Actually, he had been tempted to rush the job of skinning the grizzly. But the problem was that he started with the claws. And he remembered from his boyhood reading about the Lakota braves taking the claws off after they’d killed the bear as a rite of manhood, making them into a necklace. Boys of his vintage took that stuff seriously; he knew as much about Crazy Horse as a man of an earlier generation might have known about Caesar. So he felt compelled to go about the job in a sacred way. Having begun it thus, he could not find the right moment to switch into rough butchery mode.
“The more time I spent — the deeper I got into it — the more I didn’t want the client to have it,” Richard continued. “He wanted it so badly. I was down there covered in gore, fighting off yellow jackets, and he’d mosey down from camp and size it up, you know. I could see him visualizing it on the floor of his office or his den. Broker from New York. I just knew he would tell lies about it — use it to impress people. Claim he’d bagged it himself while his chickenshit guide climbed a tree. We got to arguing. Stupid of me because I was already deep into the illegality of it. I’d placed myself in a totally vulnerable position. He threatened to turn me in, get me fired, if I didn’t give him the trophy. So I said fuck you and just walked away with it. Left him with the keys to the truck so he could get home.”
Silence.
“I didn’t even really want it that badly,” Richard insisted. “I just couldn’t let him take it home and tell lies about it.”
“Did he get you fired?”
“Yes. Got me in trouble too. Got my license revoked.”

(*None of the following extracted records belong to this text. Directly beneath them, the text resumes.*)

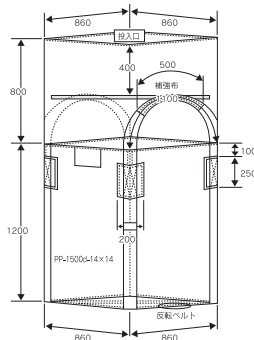

フレコンバッグ (1t用)

FK-002

FK-002

[投入口]全開
[排出口]無し
[入数]ポリプロピレン
10枚

FK-自立型

FK-自立型

[投入口]全開 [排出口]無し
[入数]ポリプロピレン10枚

FK-004

FK-004

[投入口]全開 [排出口]無し
[入数]ポリプロピレン10枚

FK-005

FK-005

[投入口]全開 [排出口]筒式φ600mm
[入数]ポリプロピレン10枚

FK-007

FK-007

[投入口]全開 [排出口]全開
[入数]ポリプロピレン10枚

フレコンバッグ[1t土のう]

品番	仕様	梱包数(枚)
002	丸型・投入口全開・排出口無し	10
003	丸型・投入口全開・排出口無し・500kgタイプ	10
004	角型・投入口全開・排出口無し	10

品番	仕様	梱包数(枚)
005	丸型・投入口全開・排出口付き(600φ排出口筒型)	10
007	丸型・投入口全開・排出口付き(排出口全開)	10
耐候性	1年耐候・3年耐候 丸型・黒

“What’d you do after you lost your job?”
Put my newfound skills to work carrying backloads of marijuana across the border.
“This and that.”
“Mmm. Well, I hope it was worth it.”
Oh Christ, yes.
They reached the farm. The driveway was full of SUVs, so Richard, pulling rank as one who had grown up on this property, parked the Grand Marquis on the dead grass of the side yard.
THE VEHICLE RODE so low that getting out of it was like climbing out of one’s own grave. As they did so, Richard caught Peter scanning the place, trying to identify where the fatal clothesline had stood.

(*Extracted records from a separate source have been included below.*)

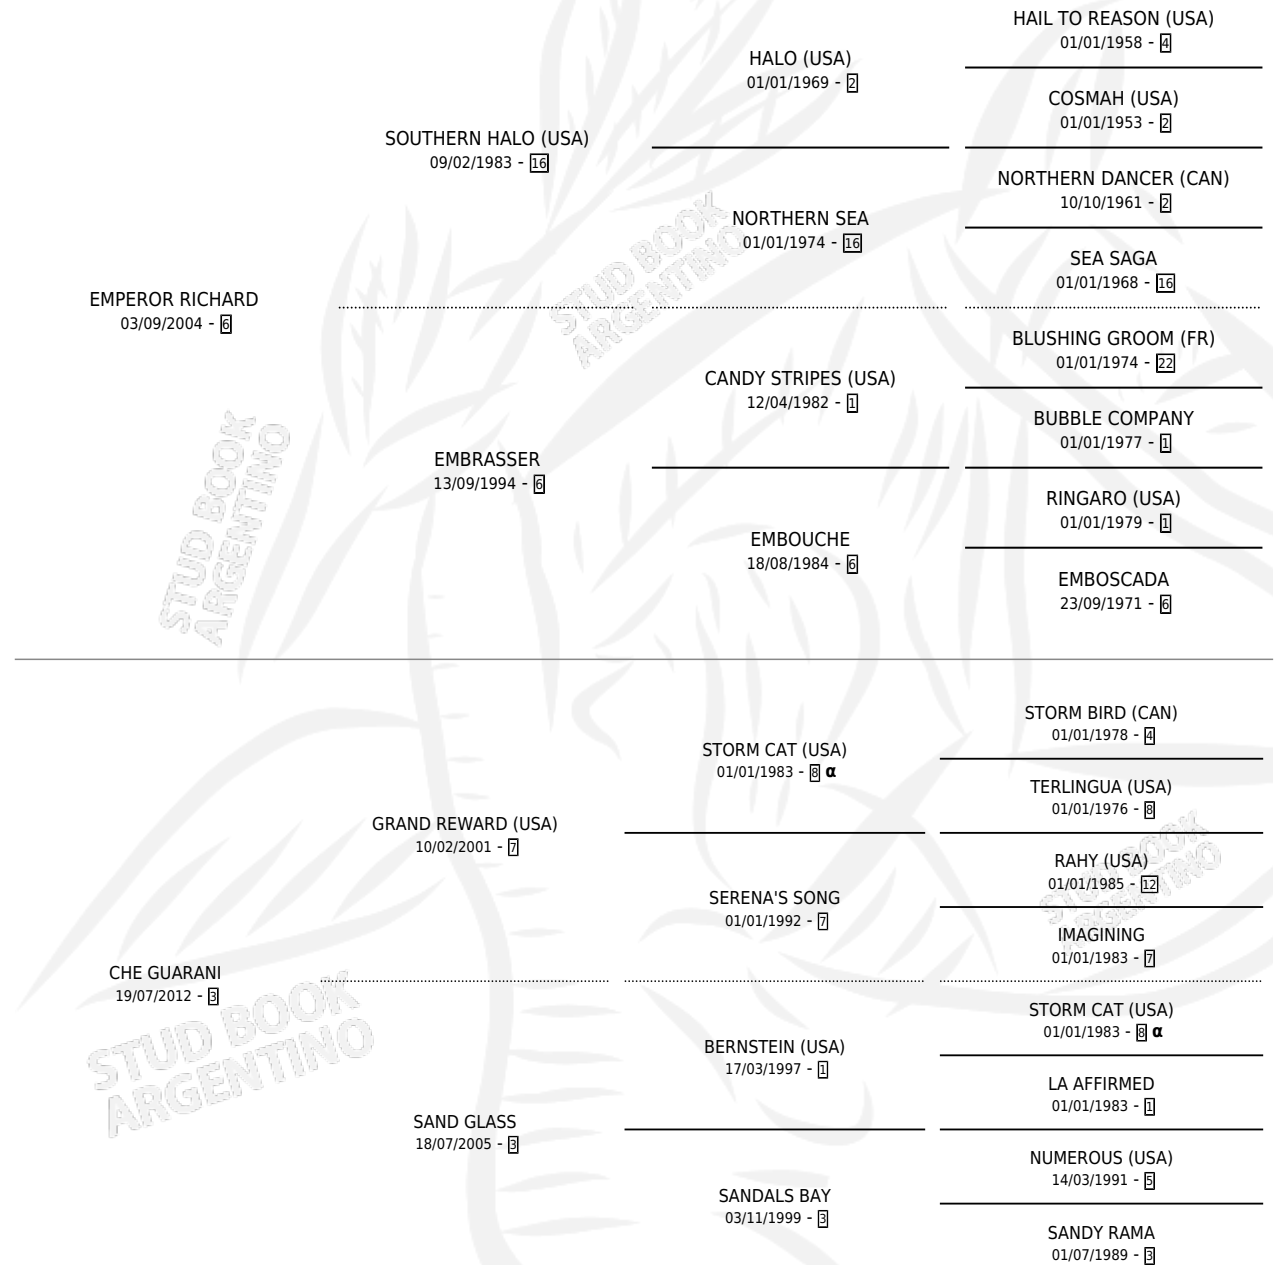

LA TERKITA

por **EMPEROR RICHARD** y **CHE GUARANI** por **GRAND REWARD (USA)**

Argentina · Hembra · Alazan · SP · 21/09/2022
Familia 3-i · Volumen 44

ESTADO

TIPIFICACIÓN SANGUÍNEA	X
TIPIFICACIÓN POR ADN	✓
PASAPORTE	✓
IDENTIFICACIÓN POR MICROCHIP	✓
REPRODUCTOR	X

Lugar de nacimiento: Ojos Azules
Criador: Ojos Azules

PEDIGREE

INBREEDING : α

CAMPAÑA

Solo carreras oficiales de Argentina

POR EDAD

EDAD	CC	1°	2°	3°	4°	5°	NP	CLC	CLG	CLCG1	CLGG1	IMPORTE	GANANCIA / CC
2 AÑOS	3	0	0	0	0	0	3	1	0	0	0	\$448,200	\$149,400
3 AÑOS	5	0	0	1	1	0	3	0	0	0	0	\$1,902,750	\$380,550
TOTALES	8	0	0	1	1	0	6	1	0	0	0	\$2,350,950	\$293,869
%		0.0%	0.0%	12.5%	12.5%	0.0%	75.0%	12.5%	0.0%	0.0%	0.0%		

Placés en La Plata en 8 carreras disputadas.

POR DISTANCIA

HIPODROMO	CC	1°	2°	3°	4°	5°	NP	CLC	CLG	CLG1	CLGG1	IMPORTE
LA PLATA	7	0	0	1	1	0	5	0	0	0	0	\$2,350,950
1000 MTS	6	0	0	1	1	0	4	0	0	0	0	\$2,350,950
800 MTS	1	0	0	0	0	0	1	0	0	0	0	\$0
SAN ISIDRO	1	0	0	0	0	0	1	0	0	0	0	\$0
1000 MTS	1	0	0	0	0	0	1	0	0	0	0	\$0

Richard thought about becoming Peter’s Virgil, giving the poor kid a break by flatly explaining all the stuff he’d eventually have to piece together on his own, if he and Zula stayed together. He did not actually do it, but the words he’d speak had been loosed in his mind. If there was such a thing as a mind’s eye, then his mind’s mouth had started talking.

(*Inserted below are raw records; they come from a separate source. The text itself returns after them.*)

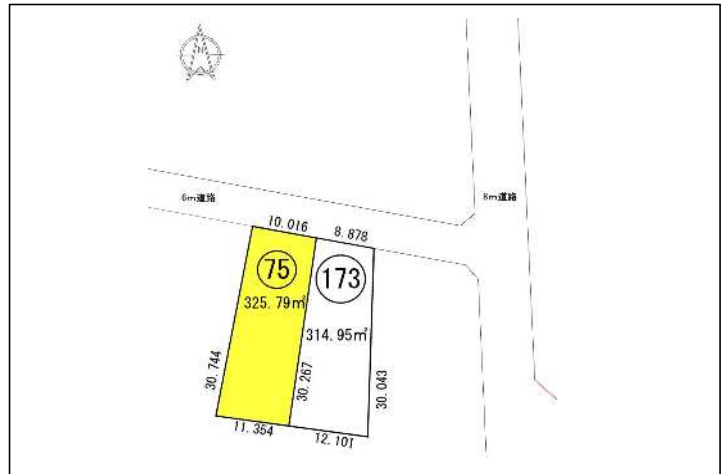

森田北東部地区 75

坪数 98.6 坪
坪単価 12.0 万円

物件詳細

価格	11,794,901 円	坪単価	12.0 万円
		m ² 単価	36,204 円
坪数	98.6 坪	m ² 数	325.79 m ²
地区計画	A地区	建ぺい率	50 %
用途地域	第1種低層住居専用地域	容積率	80 %
給水	引込み可	下水	引込み可
町名	栗森1丁目	地番	704番地
備考	森田小学校 約1,700m 森田中学校 約400m バス停(三ヶ村)約400m JR森田駅 約1,350m スーパー 約1,000m …… アルビス 病院 約1,450m …… 畑内科		

現地写真

寸法図

周辺地図

詳しくは、区画整理課までお気軽にお問い合わせください。 (0776) 20-5470

He cast his eye over a slight bulge in the ground surrounded by a ring of frostbitten toadstools, like a boil striving to erupt through the lawn from some underlying Grimm brothers stratum. That’s what’s left of the oak tree. The clothesline ran from it to the side of the house — just there, beside the chimney, you can see the bracket. Mom was upstairs dying. The nature of what ailed her created a need for frequent changes of bed linens. I offered to drive into town and buy more sheets at J.C. Penney — this was pre-Walmart. Patricia was affronted. As if this were me accusing her of being a bad daughter. A load of sheets was finished, but the dryer was still busy, so she hung them up on the clothesline. It was one of those days when you could tell that a storm was coming. We were up there sitting around Mom’s bed in midafternoon singing hymns, and we heard the thunder rolling across the prairie like billiard balls. Pat went downstairs to take the sheets off the line before the rain came. We all heard the bolt that killed her. Sounded like ten sticks of dynamite going off right outside the window. It hit the tree and traveled down the clothesline and right down her arm through her heart to the ground. Power went out, Mom woke up, things were confused for a minute or two. Finally Jake happened to look out the window and saw Pat down in the grass, already with a sheet on her. We never told Mom that her daughter was dead. Would have made for some awkward explaining. She lost consciousness later that day and died three days after that. We buried them together.